Стоило, скажем, Валерию Николаевичу подумать о принципате Августа — предмете давнего их с сыном спора, как перед его мысленным взором возникали вооруженные всадники, колесницы, обнаженные гетеры, прогулки философов-стоиков по берегу моря. И вот он уже видел всех своих четырех жен, а также остальных женщин, что когда-то нравились ему, но на которых по той или иной причине он все-таки не женился. И вот уже Валерий Николаевич сам решительно гнал от себя греховные видения, осмелившиеся посетить его в минуты духовного очищения, великого спора с самим собой о вечном и совершенном.
Вереница смущавших образов, точно колючки держидерева, мешала сдвинуться с места. Он делал рывок, но новые колючки впивались и не пускали, а лист бумаги, над которым маялся Валерий Николаевич, по-прежнему оставался девственно чистым. Это мучительное противоречие, это невыносимое состояние, чем-то схожее с тем, когда во сне отлежишь руку и она становится ватной, чужой и нет никакой возможности пошевелить ею, могло бы, конечно, ввергнуть Валерия Николаевича в полное отчаянье, навсегда отбить охоту писать, если бы не твердое его намерение во что бы то ни стало довести начатое до конца.

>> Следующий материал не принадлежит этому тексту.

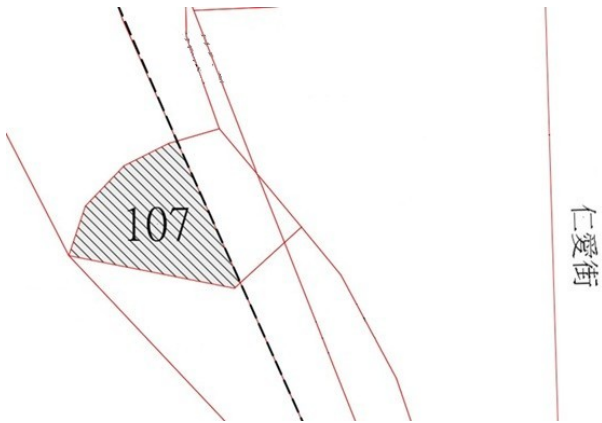

115 年度第 27 批國有非公用不動產坐落位置示意略圖

◎非屬標售公告內容，僅供參考使用，投標人應依地政機關核發資料自行查看相關位置，不得以本位置圖記載有誤而要求損害賠償或解除買賣契約退還保證金。

16

土地位置：三峽區仁愛街10號附近
土地坐落略圖：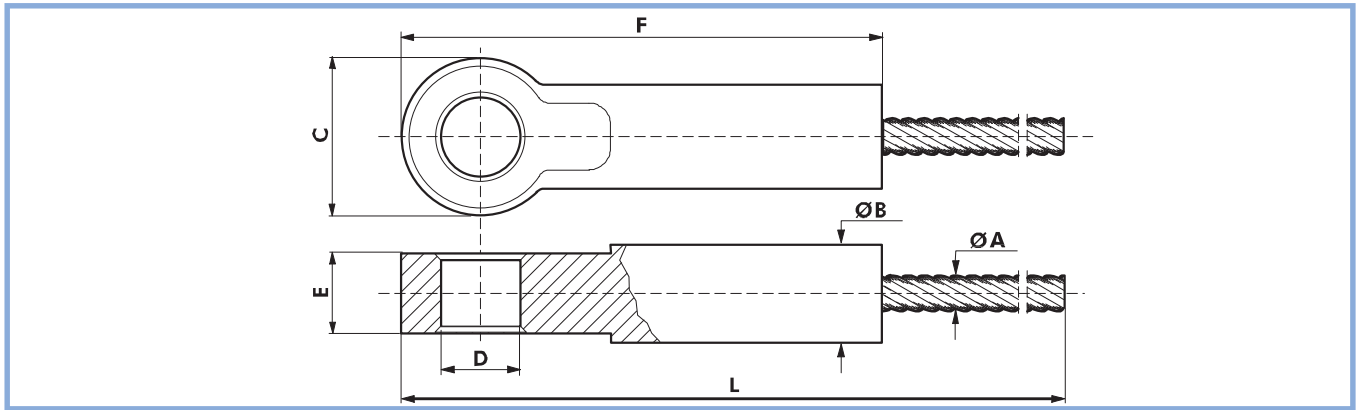

Cavi con occhiello (Lunghezza a richiesta)

Cables with eyelet (Length upon request)

Codice / Code	Ø A	Ø B	C	D	E	F	L
14268.00.2	1,6 / 1,9	5	10	6,1	4	##	(*)
14269.00.2	1,6 / 1,9	5	10	5	4	##	(*)

Codice / Code	Ø A	Ø B	C	D	E	F	L
14271.00.2	1,9	5	10	4	3	26	(*)
14272.00.2	1,9	5	10	6	3	26	(*)

Codice / Code	Ø A	Ø B	C	D	E	F	L
14291.00.2	2,5 / 3	6	12	6	7	35	(*)

Codice / Code	Ø A	Ø B	C	D	E	F	L
14292.00.2	3	8	12	6,1	6	34	(*)
14293.00.2	4	8	12	6,1	6	34	(*)

Codice / Code	Ø A	Ø B	C	D	E	F	L
14312.00.2	3	8	16	8,3	8	35	(*)
14313.00.2	3,5	8	16	8,3	8	35	(*)
14314.00.2	4	8	16	8,3	8	35	(*)

Codice / Code	Ø A	Ø B	C	D	E	F	L
14316.00.2	3	8	16	10,5	8	35	(*)
14317.00.2	3,5	8	16	10,5	8	35	(*)
14318.00.2	4	8	16	10,5	8	35	(*)

Codice / Code	Ø A	Ø B	C	D	E	F	L
14331.00.2	1,9	6	16	8,2	5	27	(*)
14332.00.2	3	6	16	8,2	5	27	(*)
14333.00.2	3	6	16	10,2	5	27	(*)

Если бы не сознание ответственности, необходимости вложить в письмо к сыну то лучшее, что в нем было, некий экстракт накопленного человечеством опыта и освобожденной из плена повседневных забот души. Письма требовали терпения и мужества, обстоятельности и настойчивости. Кто-то отчаянно сопротивлялся Валерию Николаевичу, но и он отчаянно сопротивлялся кому-то.